WILLISTON, N.D. – Notices sent to three oil companies operating in North Dakota cite 17 shipments of Bakken crude that investigators say were not properly classified under federal law.
Spokesmen for the companies facing potential fines totaling $93,000 — Hess Corp., Marathon Oil Co. and Whiting Oil and Gas Corp. – all said Wednesday they are continuing to review the allegations issued this week by the U.S. Department of Transportation.
The notices of probable violations stem from Operation Classification, also known as the Bakken Blitz, a series of inspections launched in summer of 2013 by the Pipeline and Hazardous Materials Safety Administration.
Most of the violations involved oil that the inspectors said was assigned an incorrect packing group, which indicates the level of danger presented by hazardous materials.
“Proper classification will ensure that the material is placed in the proper package and that the risk is accurately communicated to emergency responders,” said a news release issued this week by PHMSA. “Shipping crude oil – or any hazardous material – without proper testing and classification could result in material being shipped in containers that are not designed to safely store it, or could lead first responders to follow the wrong protocol when responding to a spill.”
According to the notices:
— Hess Corp. faces up to $51,350 in fines stemming from a total of 13 separate shipments that investigators who visited the Hess Tioga facility last October say were misclassified. Shipping papers for seven trucks identified oil as Packing Group II, which means medium danger, but testing of samples taken from the trucks showed the oil should have been classified as Packing Group I, meaning great danger.
Investigators also found six shipments that listed the shipping description in the wrong order.
– Marathon faces up to $30,000 in fines stemming from three shipments that investigators say should have been labeled Packing Group I, but they were labeled Packing Group II.
— Whiting Oil and Gas Corp. faces a potential fine of $12,000 for classifying oil as Packing Group III, which means minor danger, but investigators say the oil should have been classified as Packing Group II, which means medium danger.
The companies have 30 days to respond to the notices. Their options are to pay the proposed assessment, send an informal response or request a formal hearing.
Spokesmen for all three companies said they could not yet respond to the specific allegations because company officials were still reviewing the notices.
Marathon Oil said in a statement it’s committed to safe and responsible operations.
Jack Ekstrom, spokesman for Whiting, said the company is a leader on environmental safety issues.
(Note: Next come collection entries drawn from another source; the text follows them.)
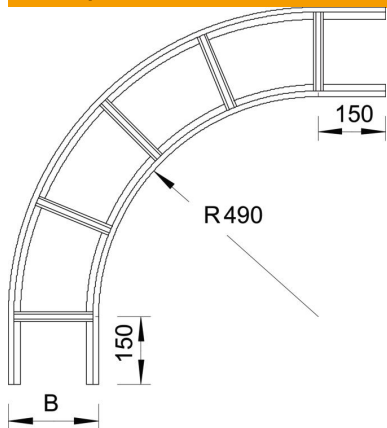

Техническа спецификация

Ъгъл 90° VS 60 A2

Каталожен номер: 7160062

Ъгъл 90°, хоризонтален, за кабелни стълби с VS-шпроси и височина на борда 60 mm.
Необходимото количество съединители трябва да се поръча отделно.

- A2** Неръждаема стомана, 1.4301
- 2B** без покритие, за допълнителна обработка

Основни данни

Каталожен номер	7160062
Тип	LBI 90 640 VS A2
Наименование 1	Ъгъл 90°
Наименование 2	за кабелни стълби с шпроса VS
Производител	OVO
Размери	60x400
Материал	Неръждаема стомана, 1.4301
Повърхност	без покритие, за допълнителна обработка
Стандарт за повърхност	
Най-малка продажна единица	1
Количествена единица	брой
Тегло	497 кг
Единица тегло	kg/100 чифт

Размери

Ширина	400 mm
Височина	60 mm

Техническа спецификация

Ъгъл 90° VS 60 A2

Каталожен номер: 7160062

Технически данни

Разклонение (ъгъл)	90°
Изпълнение на шпросите	Неперфориран профил
Изпълнение на страничния борд	плосък профил
Съхраняване на функционалността	не
Промяна на посоката	хоризонтално
Неръждаема стомана, байцвана	не
С шарнирна връзка	не
Странична перфорация	не
Едрогабаритно изпълнение	не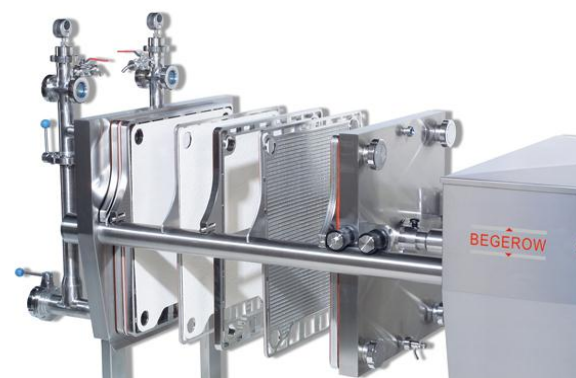

Технические показатели

Рабочее избыточное давление:	макс. 600 кПа (6 бар)
Дифференциальное давление:	макс. 400 кПа (4 бара)
Рабочая температура:	макс. 140 °C
Площадь фильтрации на лист:	0,33 м²

Материалы

Детали, соприкас. с продуктом:	Нерж. сталь AISI 316L /AISI 316 Ti
Прочие детали:	Нерж. сталь AISI 304
Уплотнители:	Силикон, EPDM, ВИТОН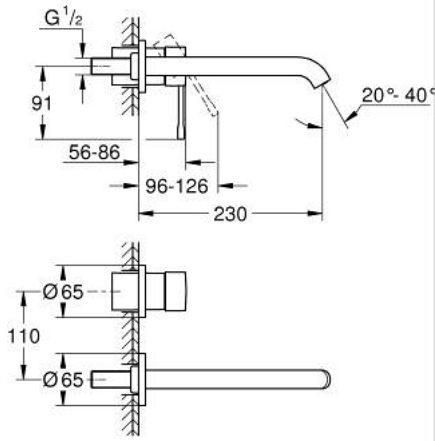

19 967 DL1 ESSENCE İKİ DELİKLİ LAVABO BATARYASI L-BOYUT

ÜRÜN AÇIKLAMASI

- Renk: brushed warm sunset
- duvar tipi
- 23 571 000 / 32 635 000
- iç gövde hariç
- metal rozet
- GROHE LongLife kaplama
- GROHE EcoJoy daha az su tüketimi ve mükemmel akış teknolojisi
- maximum flow rate (at 3 bar): 5.7 l/min
- GROHE AquaGuide ayarlanabilir perlatör
- merkezler arası uzaklık 110 mm
- çıkış ucu uzunluğu 230 mm

19 967 DL1 ESSENCE İKİ DELİKLİ LAVABO BATARYASI L-BOYUT

YEDEK PARÇALAR, Ocak 2024 – now

1: Kumanda Kolu (Sipariş no. 46916DL0)

2: Çıkış (Sipariş no. 48639DL0)

2.1: Perlatör (Sipariş no. 48480000)

2.2: Vida (Sipariş no. 43094000)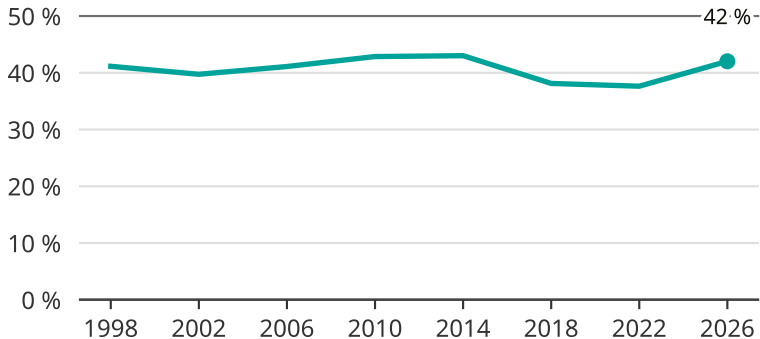

Kvinnor som kandiderar

Andel per val till kommunfullmäktige i Tranås

Källa: SCB/Valmyndigheten. För 2026 gäller det anmälda kandidater 2026-04-10.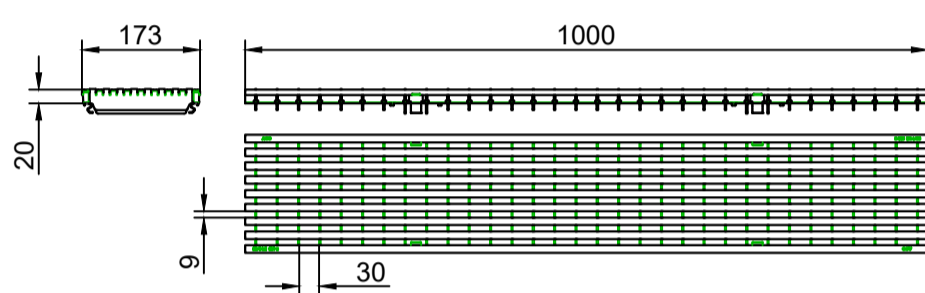

Gratar retea Q\*, clasa de sarcini B125

Material	Lungime de montaj [mm]	Latime de montaj [mm]	Deschidere [mm]	Art. no.
Otel zincat	1000	173	30 x 10	133601
	500	173	30 x 10	133602
Inox	1000	173	30 x 10	133603
	500	173	30 x 10	133604

Gratar nervurat transversal din fonta, clasa de sarcini C250

Material	Lungime de montaj [mm]	Latime de montaj [mm]	Deschidere [mm]	Art. no.
Fonta	500	173	12	13070

Gratar nervurat longitudinal, clasa de sarcini B125

Material	Lungime de montaj [mm]	Latime de montaj [mm]	Deschidere [mm]	Art. no.
Otel zincat	1000	173	9	133625
	500	173	9	133626
Inox	1000	173	9	133627
	500	173	9	133628

Gratar nervurat longitudinal, clasa de sarcini C250

Material	Lungime de montaj [mm]	Latime de montaj [mm]	Deschidere [mm]	Art. no.
Fonta	500	173	29 x 12	13073

Gratar nervurat longitudinal pentru protectia tocurilor, clasa de sarcini B125

Material	Lungime de montaj [mm]	Latime de montaj [mm]	Deschidere [mm]	Art. no.
Inox	1000	173	6	133633
	500	173	6	133634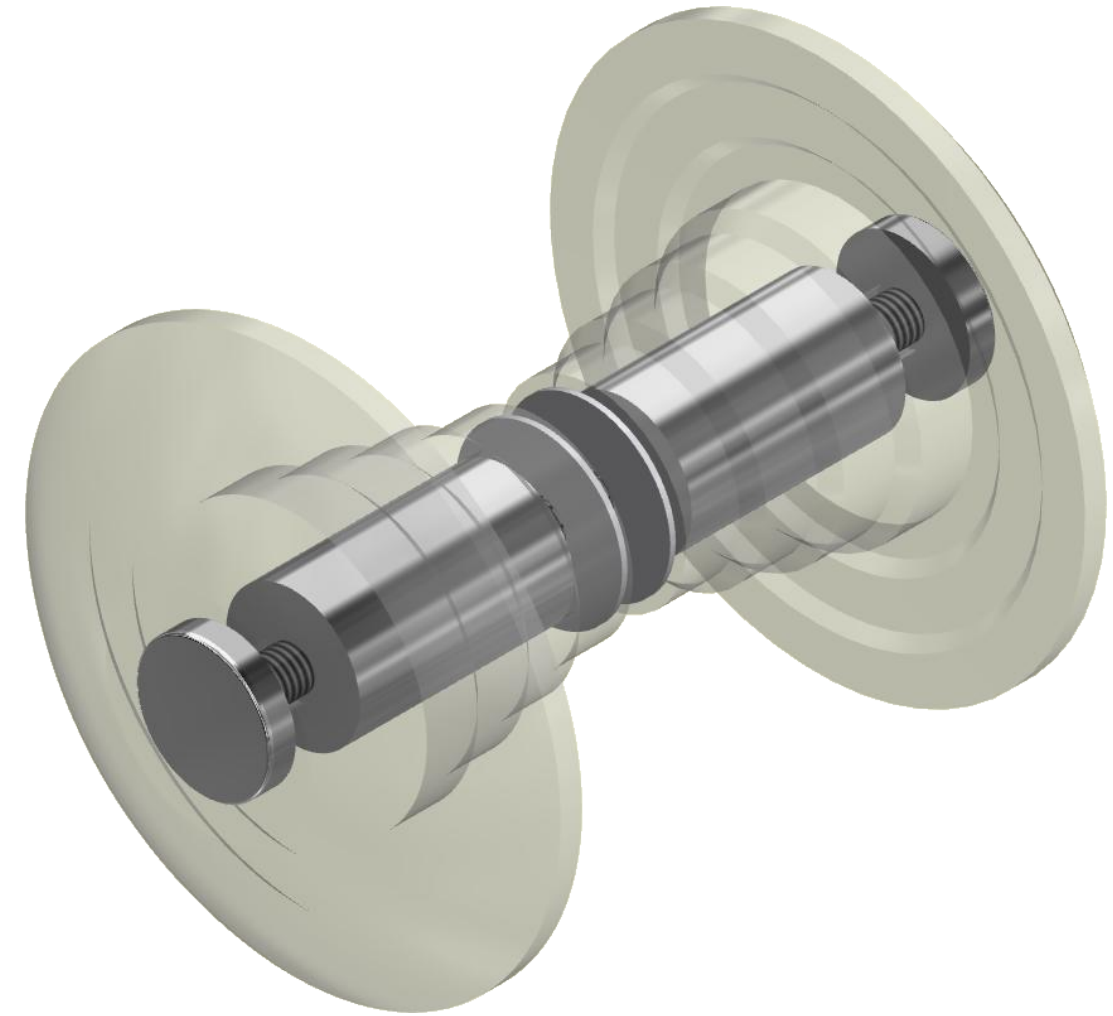

Инв. № подл.

Отверстие в стекле $\varnothing 12$ мм

					121-120		
					Ручка для стеклянной двери		
Изм.	Лист	№ докум.	Подп.	Дата	Лит.	Масса	Масштаб
Разраб.	user			26.02.2019			
Пров.							
Т. контр.					Лист	Листов	1
Нач.отд.							
Н. контр.							
Утв.

Ekstrom said the company transfers its ownership of crude oil when it is sold to purchasers.
“Whiting Petroleum Corp. does not transport crude oil via truck or rail,” Ekstrom said. “We are not in the transportation business. We sell it.”
PHMSA could have proposed up to $75,000 in fines for each violation, according to the notices. The maximum penalty the agency can impose for violations that result in death, severe injury or substantial destruction of property is $175,000.